Work on HPV and cervical screening
In the mid-1970s, while working as a specialist gynaecological pathologist at King George V Hospital in Sydney, Laverty developed a special interest in the recognition in the Papanicolaou smear of various female genital tract infections, in particular those due to agents difficult or impossible to culture. In the early 1970s it was thought that genital tract warts were quite uncommon, usually vulval, and merely sometimes cosmetically distressing lesions.Laverty recognised that cellular abnormalities known as koilocytosis and koilocytotic or "warty" atypia were much more common in Pap smears than generally realised, and that, surprisingly, in the great majority of cases, clinical warts or condylomas were absent, even on careful clinical examination of the entire female genital tract. This raised the possibility that genital infections due to wart or papilloma virus were much more common than previously thought, frequently cervical in location, and very uncommonly of recognisable warty contour or configuration.

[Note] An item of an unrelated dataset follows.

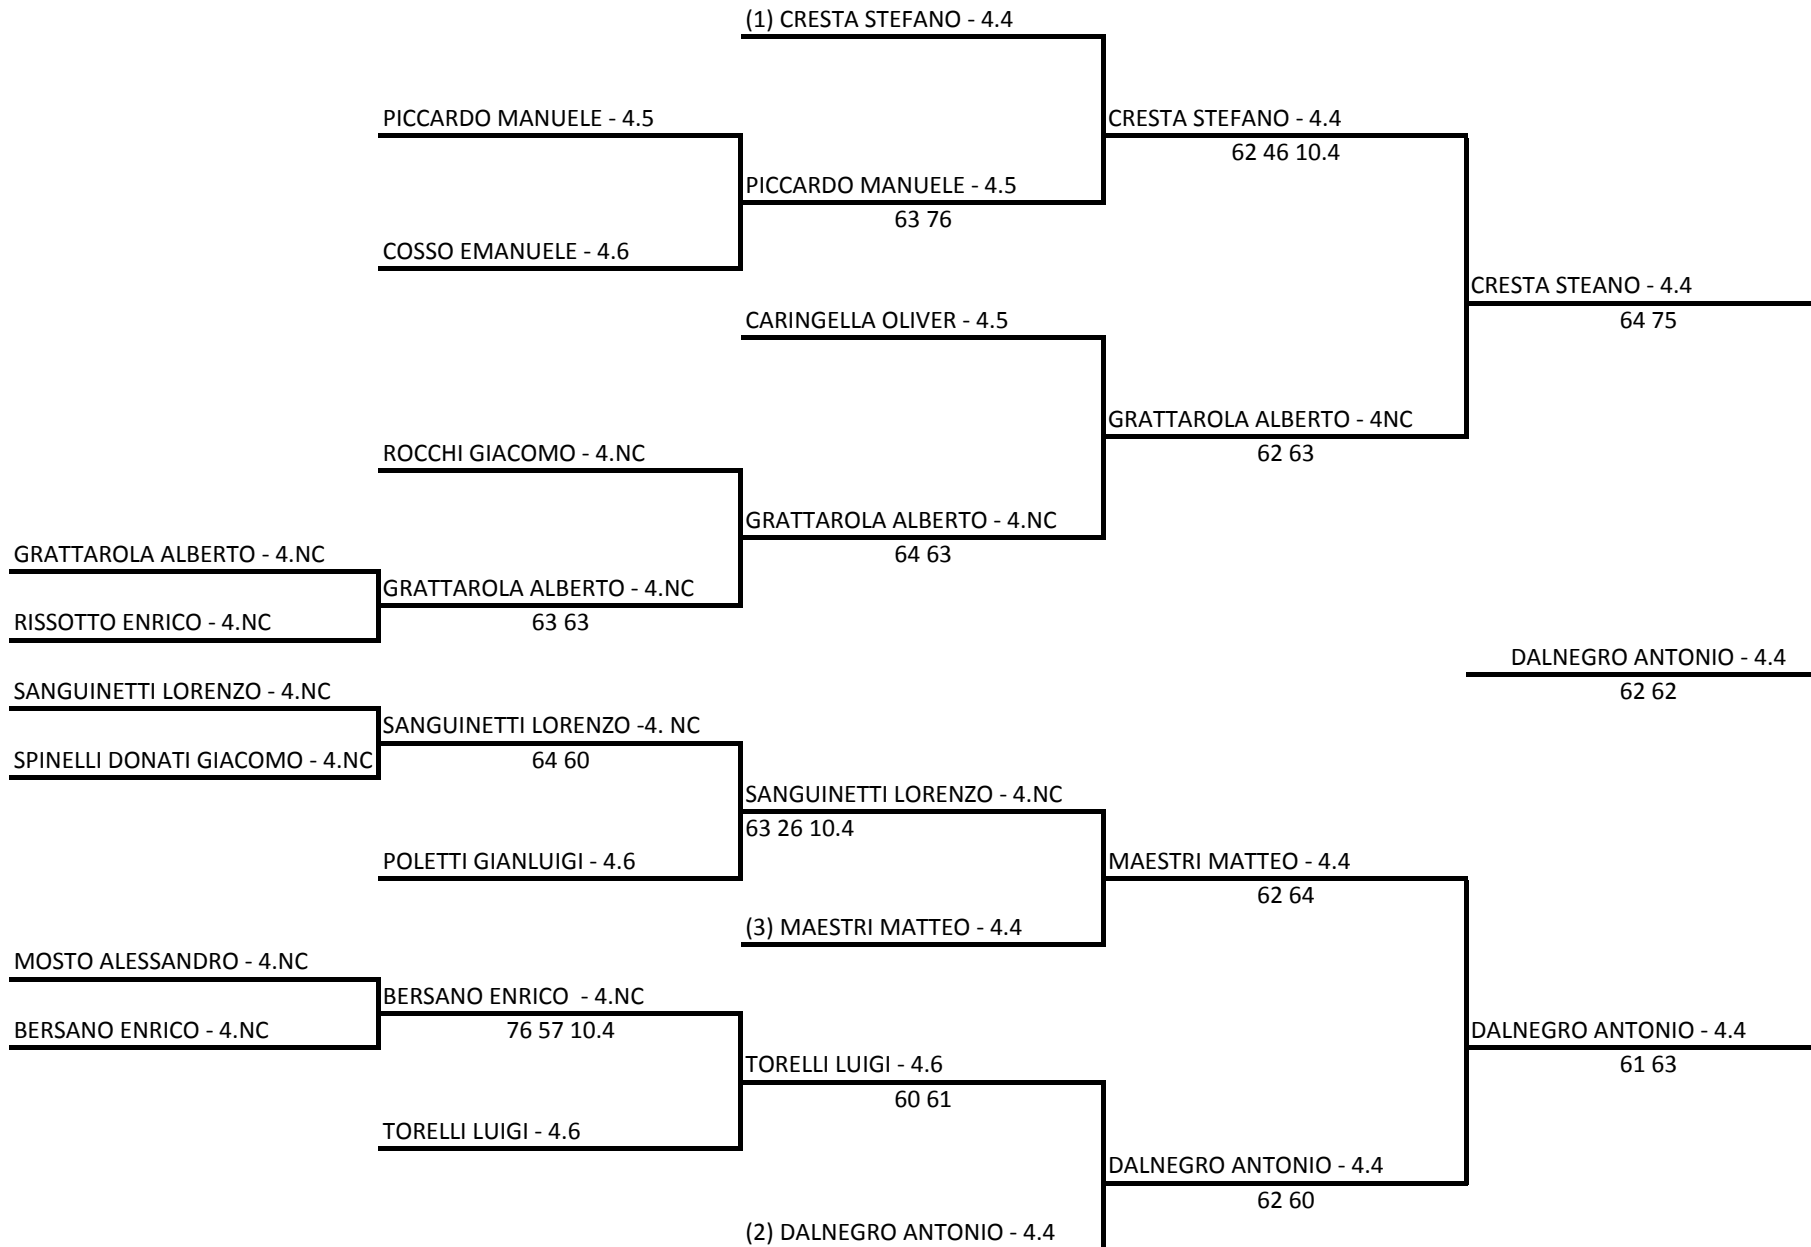

AS DILETTANTISTICA TENNIS E SPORT - Challenger Blu e Azzurro di giugno
Singolare Maschile Under 13 - Tab Unico U13 sm
02/06/2018 - 11/06/2018 iscritti n° 15
Tabellone compilato il 01/06/2018 alle ore 08:56 e subito esposto

Il Giudice Arbitro: OTTONELLO MARIA EUGENIA

A researcher was employed and an electron microscopic technique was then devised, which confirmed the suspicion that human papillomavirus particles were present in these abnormal cells, in both cytologic and histologic preparations. In 1978, Laverty was one of the first in the world to publish this finding. Thus it was proven that atypical, potentially premalignant cells in cervical cytologic and histopathologic preparations in women without actual genital warts were, in fact, virus-infected, and that this virus had the electron microscopic appearances of papillomavirus.

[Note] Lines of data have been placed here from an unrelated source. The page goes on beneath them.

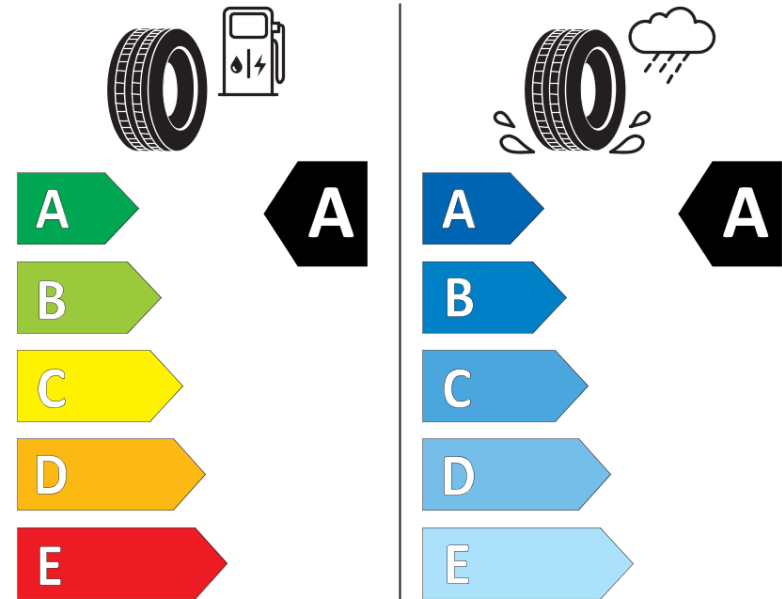

## Tuoteselosteella

ASETUS (EU) 2020/740

Tuotemerkki	MICHELIN
Kaupallinen nimi	PILOT SPORT 5 ENERGY
Tuotekoodi	879995
Koko	255/45R20
Kantavuustunnus	105
Suorituskykyluokka	Y
Polttoainetaloudellisuusluokka	A
Märkäpitoluokka	A
Vierintämeluluokka	B
Vierintämelun arvo	73 dB
Rengas lumiolosuhteisiin	Ei
Rengas jääolosuhteisiin	Ei
Valmistusajankohta	35/24
Valmistuksen lopetusajankohta	
Kuormitusluokka	XL
Lisätietoja	255/45R20 105Y XL PILOT SPORT 5 ENERGY MI

# ENERGY

MICHELIN

879995

255/45R20 105 Y XL

C1

2020/740
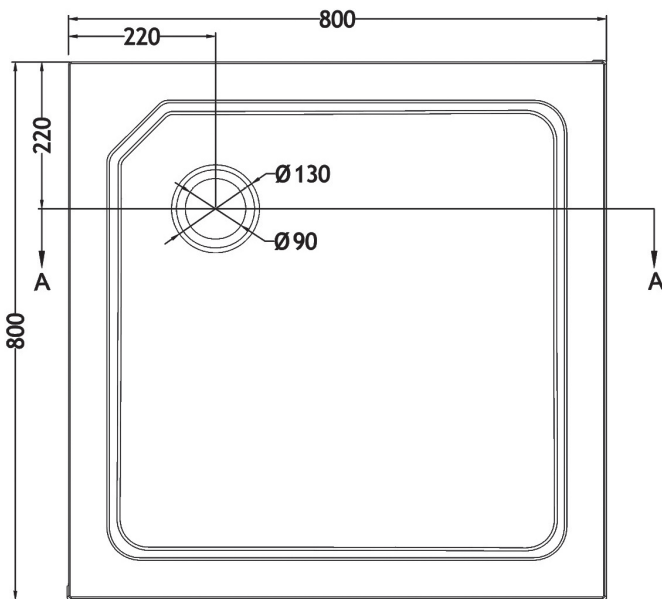

# Wellis®

A-A

Size: 800×800×150mm

WC00525
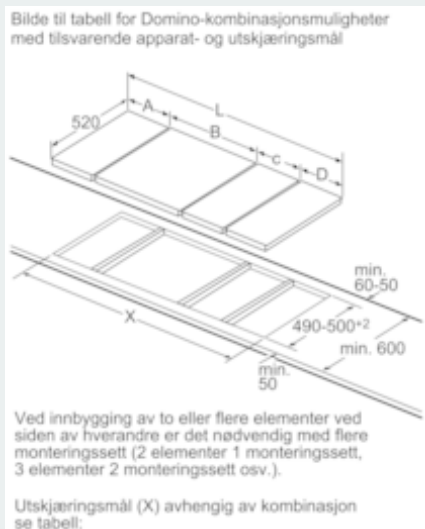

iQ500, Domino grill, 30 cm ET375FUB1E

Måltegninger

iQ500, Domino grill, 30 cm ET375FUB1E

Måltegninger

Mål i mm
Domino-kombinasjoner med tilsvarende apparat-
og utskjæringsmål

Breddetype: 30 40 60 70 80 90
Apparatbredde: 302 392 602 710 812 912

	A	B	C	D	L	X
2x30	302	302	-	-	604	572
1x30, 1x40	302	392	-	-	694	662
1x30, 1x60	302	602	-	-	904	872
1x30, 1x70*	302	710	-	-	1012	980
1x30, 1x80	302	812	-	-	1114	1082
1x30, 1x90	302	912	-	-	1214	1182
2x40	392	392	-	-	784	752
1x40, 1x60	392	602	-	-	994	962
1x40, 1x70*	392	710	-	-	1102	1070
1x40, 1x80	392	812	-	-	1204	1172
1x40, 1x90	392	912	-	-	1304	1272
3x30	302	302	302	-	906	874
2x30, 1x40	302	302	392	-	996	964
2x30, 1x60	302	302	602	-	1206	1174
2x30, 1x70*	302	302	710	-	1314	1282
2x30, 1x80	302	302	812	-	1416	1384
2x30, 1x90	302	302	912	-	1516	1484
1x30, 2x40	302	392	392	-	1086	1054
1x30, 1x40, 1x60	302	392	602	-	1296	1264
1x30, 1x40, 1x70*	302	392	710	-	1404	1372
1x30, 1x40, 1x80	302	392	812	-	1506	1474
1x30, 1x40, 1x90	302	392	912	-	1606	1574
3x40	392	392	392	-	1176	1144
2x40, 1x60	392	392	602	-	1386	1354
4x30	302	302	302	302	1208	1176
3x30, 1x40	302	302	302	392	1298	1266
2x30, 2x40	302	302	392	392	1388	1356
1x30, 3x40	302	392	392	392	1478	1446
1x30, 1x75	302	750	-	-	1052	1016
1x40, 1x75	392	750	-	-	1142	1106
2x30, 1x75	302	302	750	-	1318	1282
1x30, 1x40, 1x75	302	392	750	-	1418	1382
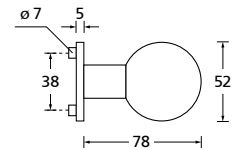

Form 8010

Drückerpaar

Black satin		€ exkl. MwSt.
auf Rundrosette	RBS80100S	39,90
für Glastürbeschläge	DBS80100S	29,90

Halbgarnitur

DIN R	RBS80101OS	23,90
DIN L	RBS80102OS	23,90

Fenstergriff

		€ exkl. MwSt.
auf ovaler Rosette	OBS8010	27,90

Rosettenkits

rund/Black satin		€ exkl. MwSt.
BB - Kit	RBS17006	10,90
PZ - Kit	RBS17007	10,90
RZ - Kit	RBS17008	10,90
Blind - Kit	RBS17012	10,90
WC - Kit	RBS17015	20,90

Knopf

		€ exkl. MwSt.
für Wechselgarnitur	RBS67100OS	39,90
Knopf drehbar DIN R/L	RBS16081DOS	39,90
Knopf einseitig fix	RBS69100OS	39,90
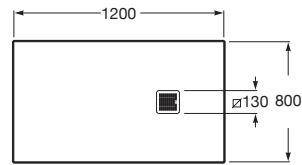

Fondo antideslizante
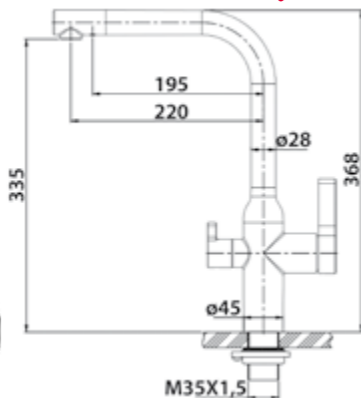

NEW

BB-LAM57-IN
Смеситель для кухни, нержавеющая сталь, исполнение «сатин»

BB-LAM58-IN
Смеситель для кухни двухрежимный, с выдвижным изливом, нержавеющая сталь, исполнение «сатин»

Серия Armonica

ARM-LAM-IN
Смеситель для кухни, нержавеющая сталь, исполнение «сатин»
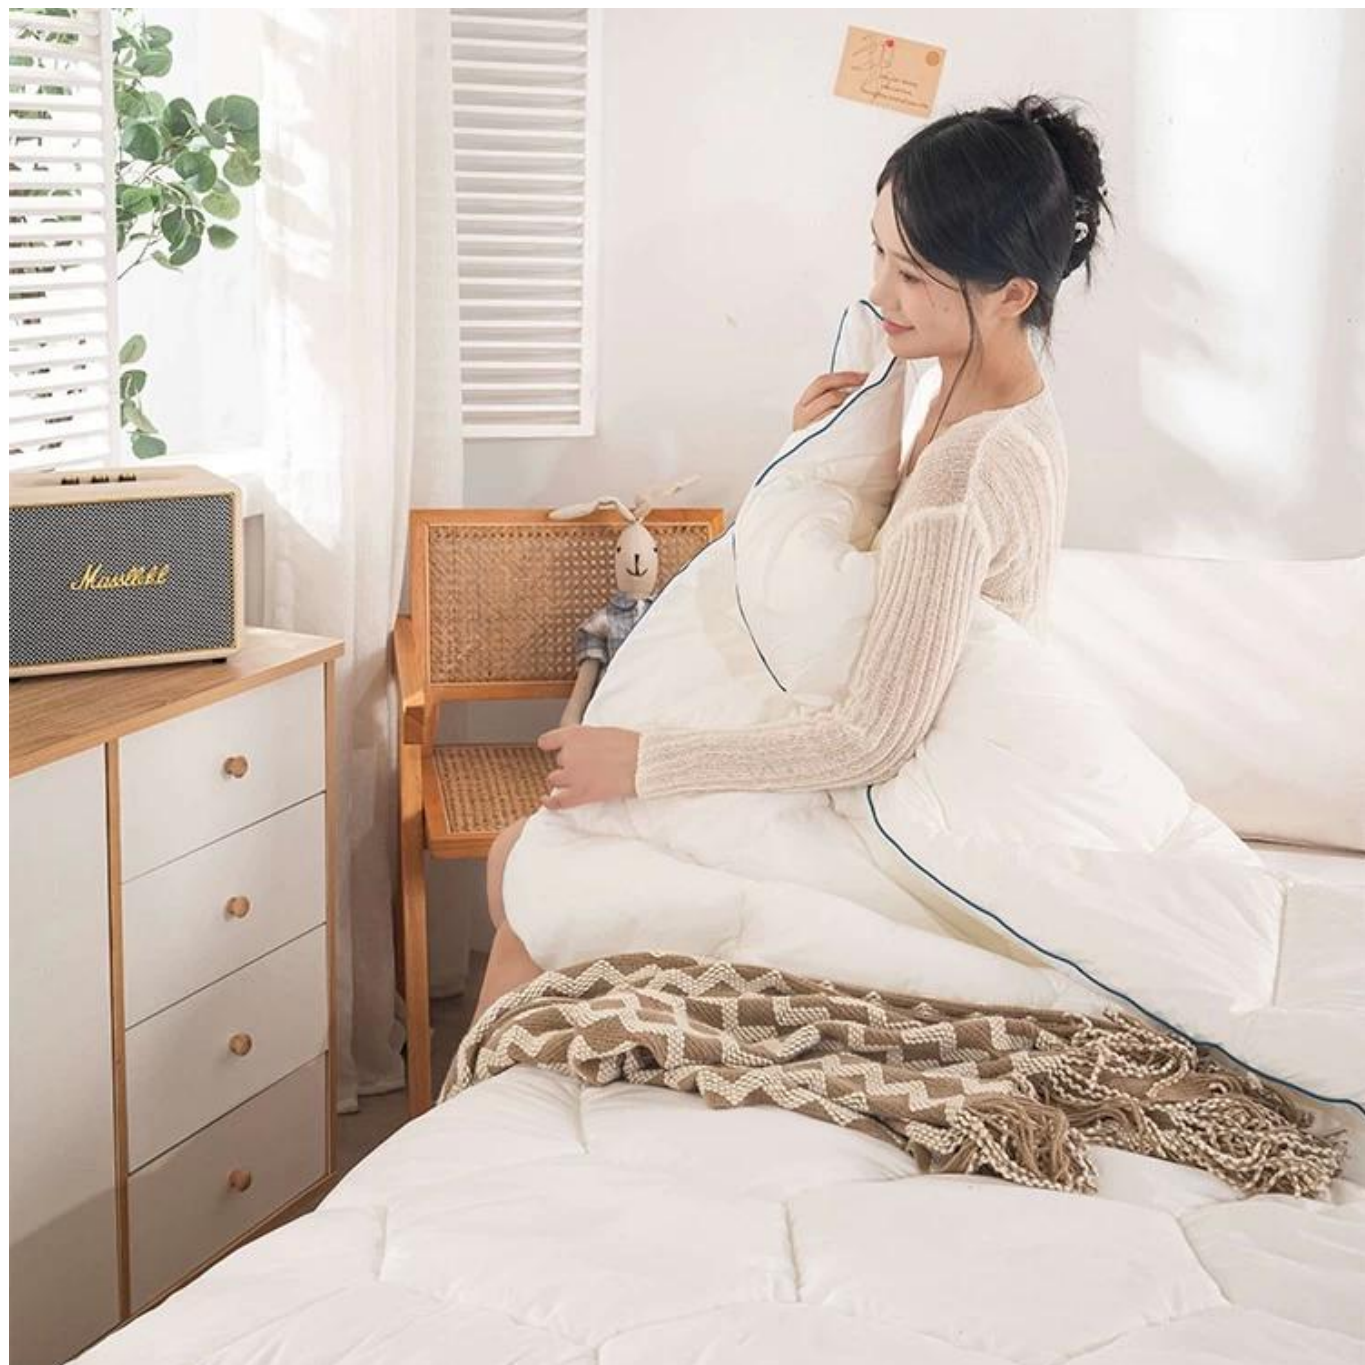

□□□□□□□□□□

At that time, electron microscopic demonstration of the virus particles within the nucleus of the cell was the only available way to confirm papillomavirus infection. In contradistinction to other viruses affecting the genital tract, confirmation by culture was not possible by conventional virological methods. Nor could the diagnosis be confirmed by immunoperoxidase testing or by HPV DNA and RNA hybridisation techniques, which at that time had not yet been developed.
Subsequently, the histologic features and colposcopic recognition and characterisation of this sub-clinical or non-condylomatous HPV infection of the cervix were established.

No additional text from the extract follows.